Going through the data below, copy out each line where the word "WOOFER" shows up.

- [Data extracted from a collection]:
'''

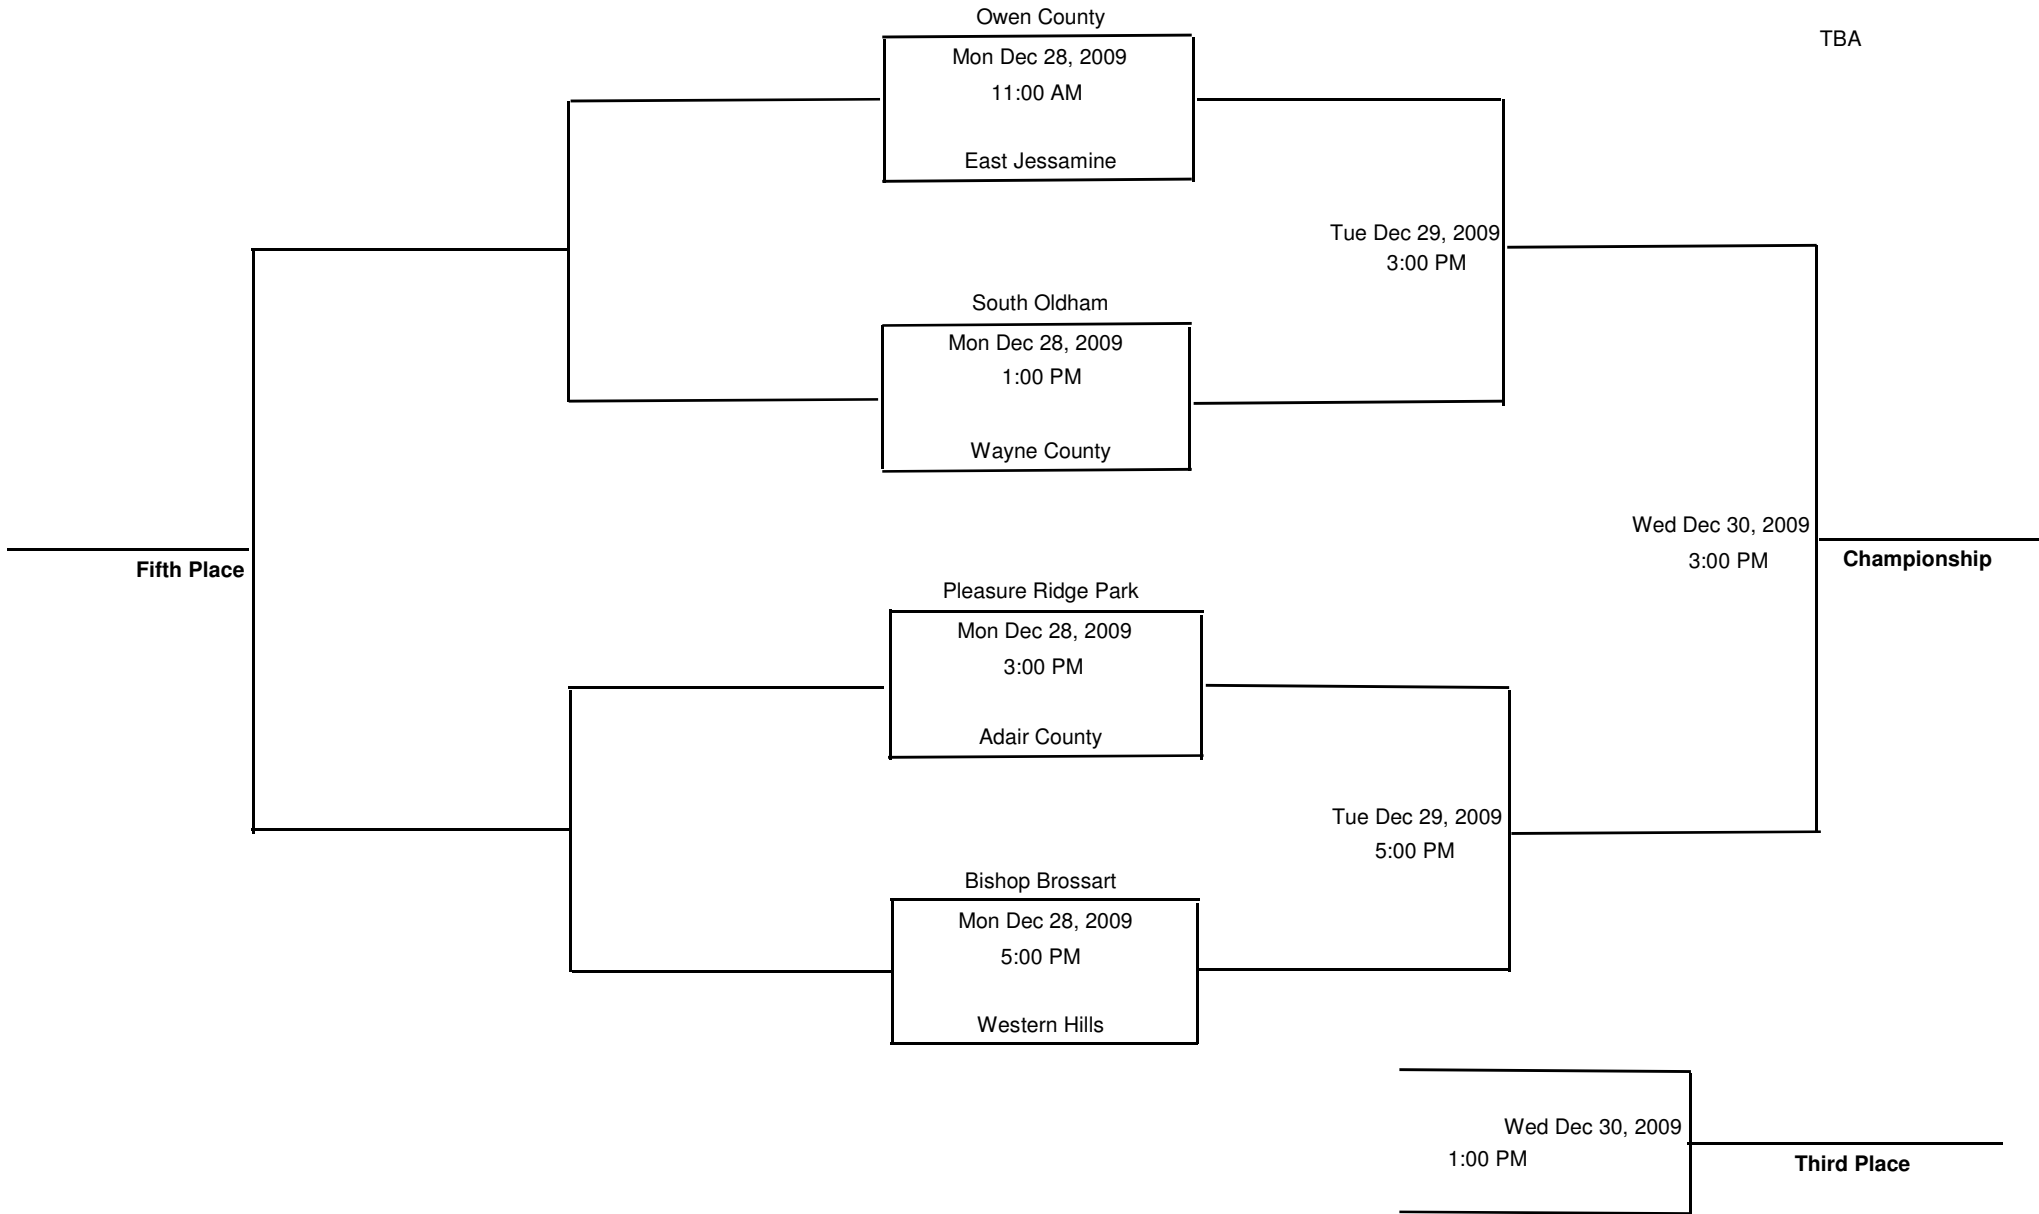

Wolverine Christmas Tourney
12/28/2009 To 12/30/2009

Officials

TBA

-
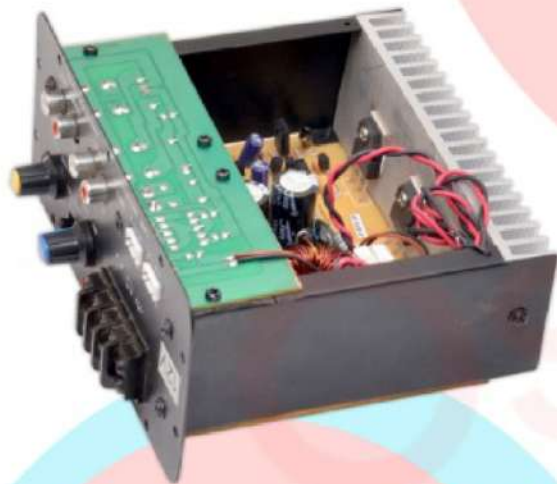

Small LED Display

MODEL NO. - 2002
(4440 X 2 IC.)

Video Amplifier

MP - 5 AMPLIFIER
(7297 X 1 IC.)

Small LED Display

MODEL NO. - N 5200
(4440 X 2 IC.)

Big Body

MODEL NO. - 8500
(4440 X 2 IC.)

Video Amplifier

MP - 5 AMPLIFIER
(4440 X 2 IC.)

AMPLIFIERS
ALWAYS AHEAD IN QUALITY

**MP - 5 AMPLIFIER
BLUETOOTH**

CAR WOOFER AMPLIFIER (SINGLE CHANNEL) 50W

CAR WOOFER AMPLIFIER (SINGLE CHANNEL) 100W DLX

CAR WOOFER AMPLIFIER (DUAL CHANNEL) 100W

Big Body

MODEL NO. - 5500
(3055 X 4 TR.)

Big L.E.D. Display

MODEL NO. - 9090
(MOSFET BASE)

COPPER TRF.

MODEL NO. - HT 2.1
(2030 X 3 IC. + 4558 X 3 IC.)

Big L.E.D. Display

MODEL NO. - 7070
(MOSFET BASE)

Big L.E.D. Display COPPER TRF.

MODEL NO. - SCA 1300
2050 X 2 IC. + 2030 X 5 IC.
(5.1 CHANNEL)

Big Body

MODEL NO. - STA 1200
2030 X 6 IC.
(5.1 CHANNEL)

Big L.E.D. Display Echo Mic

MODEL NO. - 8080
(3055 X 8 TR.)
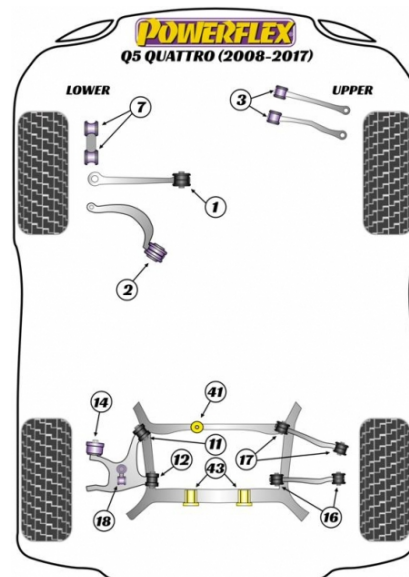

#### FRONT LOWER CONTROL ARM BUSH

Qty Per Car **2**

exc. VAT **£29.95**

Diagram Ref. **1**

inc. VAT **£35.94**

Part No. **PPF3-701**
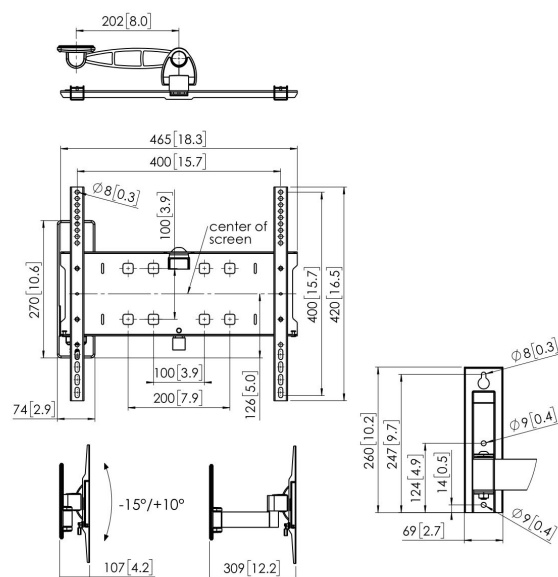

PFW 3030 Display wall mount turn & tilt

The safe and elegant PFW 3000 Series is designed with hospitality content in mind.

PFW 3030 Display wall mount turn & tilt

Specifications

Article number (SKU)	7330300
Colour	Black
EAN single box	8712285335167
Product size	M
TÜV certified	Yes
Tilt	Tilt -15°/+10°
Turn	Up to 120°
Guarantee	5 years
Min. screen size (inch)	39
Max. screen size (inch)	55
Max. weight load (kg)	35
Min. hole pattern	100mm x 100mm
Max. hole pattern	400mm x 400mm
Max. bolt size	M8
Max. height of interface (mm)	420
Max. width of interface (mm)	465
Fischer inside	Yes
Levelling function	Post-installation horizontal levelling
Lockable	True
Lock options	Lock included / integrated
Max. distance to the wall (mm)	309
Max. horizontal hole pattern (mm)	400
Max. screen size (inch)	55
Max. vertical hole pattern (mm)	400
Min. distance to the wall (mm)	107
Min. horizontal hole pattern (mm)	100
Min. screen size (inch)	39
Min. vertical hole pattern (mm)	100
Number of pivot points	2
Universal or fixed hole pattern	Universal

'''

- [EXPECTED ANSWER]:
CAR WOOFER AMPLIFIER (SINGLE CHANNEL) 50W
CAR WOOFER AMPLIFIER (SINGLE CHANNEL) 100W DLX
CAR WOOFER AMPLIFIER (DUAL CHANNEL) 100W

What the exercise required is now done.